Great overview of current NLP papers. Some NLP experience is necessary, but grading is very generous and mostly based on participation/completion. Not sure what the other reviews are saying since Prof Peng is really knowledgable, helpful, and completely fluent in English
Violet is such a sweet professor, and she truly cares about student learning. Her lectures really go in depth about NLP concepts, which was a bit overwhelming as someone who has no NLP experience, but she really tries to explain things in a way that is clear and easy to understand. She has two quizzes, which aren't too difficult (even though I didn't do great on them). The tricky part is that she really emphasizes certain aspect of the course, so you really need to make sure you have a good understanding of everything covered. The two assignments aren't too difficult, and I like that they introduced us to what NLP research looks like. Overall, she did a really great job, especially for her first time teaching the course.
I liked this class as an introduction to NLP, but I don't think it went too deep into any topics. The first homework was presenting on a NLP paper and peer reviewing, which I thought was interesting. The second homework was a bit more bland, but I think Professor Peng said she is going to change it after student feedback. Project is also very doable in terms of workload since there's only two homeworks. Exams were really fair and doable as well.

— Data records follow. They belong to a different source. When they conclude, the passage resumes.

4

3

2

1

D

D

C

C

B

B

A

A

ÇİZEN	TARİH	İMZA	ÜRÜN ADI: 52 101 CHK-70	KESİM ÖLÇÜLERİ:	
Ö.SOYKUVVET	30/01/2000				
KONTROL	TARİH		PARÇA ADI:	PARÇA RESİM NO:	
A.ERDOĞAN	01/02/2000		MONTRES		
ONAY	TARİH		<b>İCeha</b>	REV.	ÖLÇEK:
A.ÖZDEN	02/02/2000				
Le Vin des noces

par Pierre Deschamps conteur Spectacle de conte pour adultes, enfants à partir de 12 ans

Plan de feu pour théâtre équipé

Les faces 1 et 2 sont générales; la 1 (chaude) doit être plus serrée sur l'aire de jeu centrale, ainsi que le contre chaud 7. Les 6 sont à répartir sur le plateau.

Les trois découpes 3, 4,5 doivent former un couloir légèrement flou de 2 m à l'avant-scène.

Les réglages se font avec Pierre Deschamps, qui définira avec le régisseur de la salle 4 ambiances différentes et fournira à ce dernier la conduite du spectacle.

The professor really seems to care about learning and student feedback, so I can only imagine that this class will get better and better as more iterations are offered!

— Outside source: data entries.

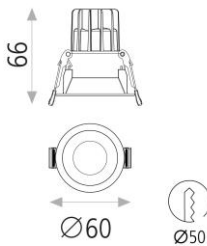

IMÁGENES / IMAGES / IMAGES

TIPO	TYPE	TYPE
Empotrable	Recessed	Encastré
ACABADO	FINISH	FINITION
Blanco texturado	Textured White	Blanc Texturé
MATERIAL	MATERIAL	MATIÈRE
Aluminio/Polycarbonato	aluminium/Polycarbonat	aluminium/Polycarbonat
DETALLES	DETAILS	DÉTAILS

DETALLES / DETAILS / DÉTAILS

MEDIDAS / MEASURES

	Length (mm)	Width (mm)	Height (mm)	KG	Gross (Kg)	Net (Kg)
	100	65	115	Weight 1	0,19	0,16
	0	0	0	Weight 2	0,00	0,00
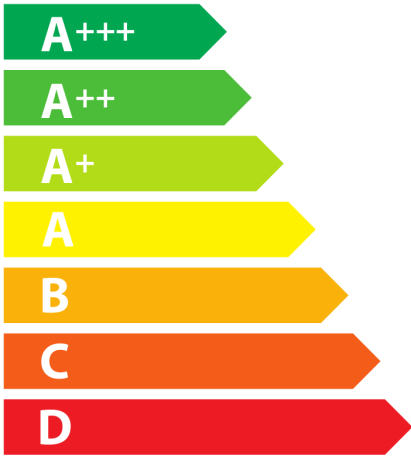

**ENERG**  
енергия · ενεργεια

ELICA

E123BII-020-001

**62**  
kWh/annum

ABCD **E**FG

ABC **D** EFG

ABC **D** EFG

**62** dB
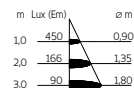

CEILING

CUP CEILING 12

IN	alu pol/china	FC05-0	335,29	399,00
----	---------------	--------	--------	--------

A - A++ | Phasen-Drehdimmer, Dimm-Alternative siehe Plug&Dim | 2700K | 12W | 436lm | CRI >90

UP	alu pol/china	FC07-0	402,52	479,00
----	---------------	--------	--------	--------
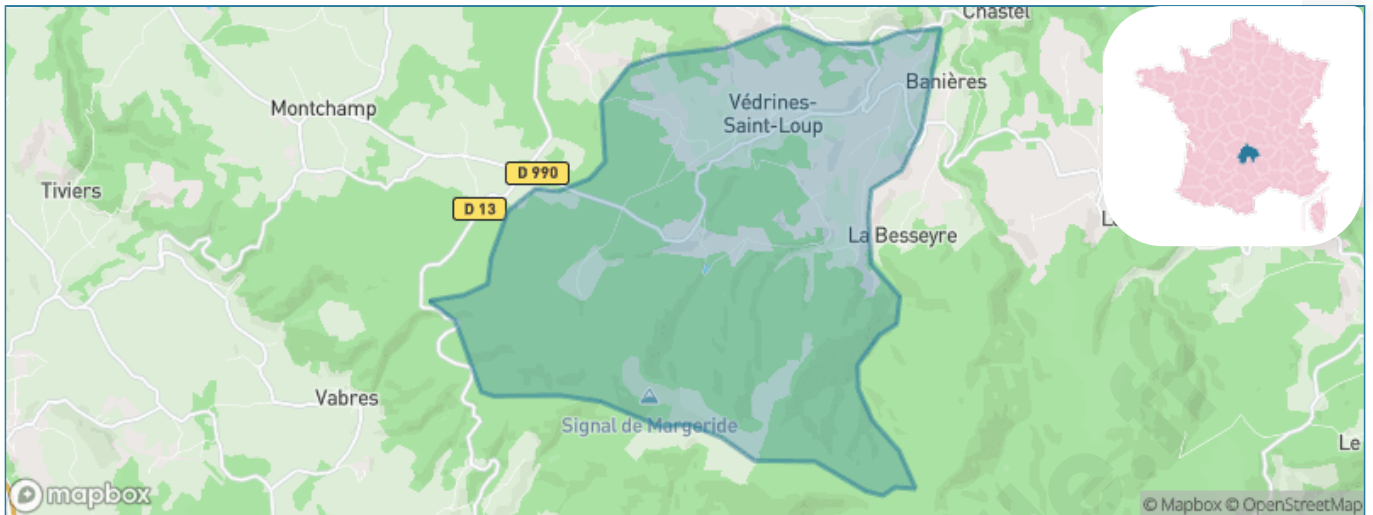

Version web

Ville de Védrines-Saint-Loup

Présenté par

BIEN dans ma **VILLE** 

Sommaire

Situation géographique	3
Statistiques sur la population	4
Evolution du nombre d'habitants	4
Tranche d'âge	5
0-14 ans	5
15-29 ans	5
30-44 ans	5
45-59 ans	5
60-74 ans	5
75-89 ans	5
90 ans et +	5
Activité professionnelle	5
Agriculteurs	5
Artisans, Commerçants	5
Cadres et sup.	5
Professions intermédiaires	5
Employé	5
Ouvrier	5
Retraité	5
Autres	5
Niveau de diplôme	7
Sans diplôme ou CEP	7
Brevet, BEPC, DNB	7
CAP-BEP ou équivalent	7
BAC ou équivalent	7
BAC+2	7
BAC+3 ou +4	7
BAC+5 ou plus	7
Composition des ménages	7
Couple sans enfant	7
Couple avec enfant(s)	7
Famille monoparentale	7
Colocation / Autre	7
Personnes seules	7
Profils électoraux	8
Premier tour	8
Sécurité	9
Evolution du nombre d'infractions	9
Pour comparer	10
Services à la population	11
Commerce	11
Éducation	11
Villes autour de Védrines-Saint-Loup	13

Situation géographique

i Informations clés

- **Région** : Auvergne-Rhône-Alpes
- **Département** : Cantal
- **Code postal** : 15100
- **Superficie** : 27 km²

La Région
Auvergne-Rhône-Alpes

cantal
LE DÉPARTEMENT

Really great class for anyone with a little bit of NLP experience who wants to know more. Between homework, projects, and quizzes, there's good coverage of NLP basics, underlying math, and important existing research. Assignments are creative and go beyond just problem sets. Prof Peng and the TAs are super helpful and responsive. Lectures are engaging with a good amount of participation/dialogue with students. There are lots of extra credit opportunities.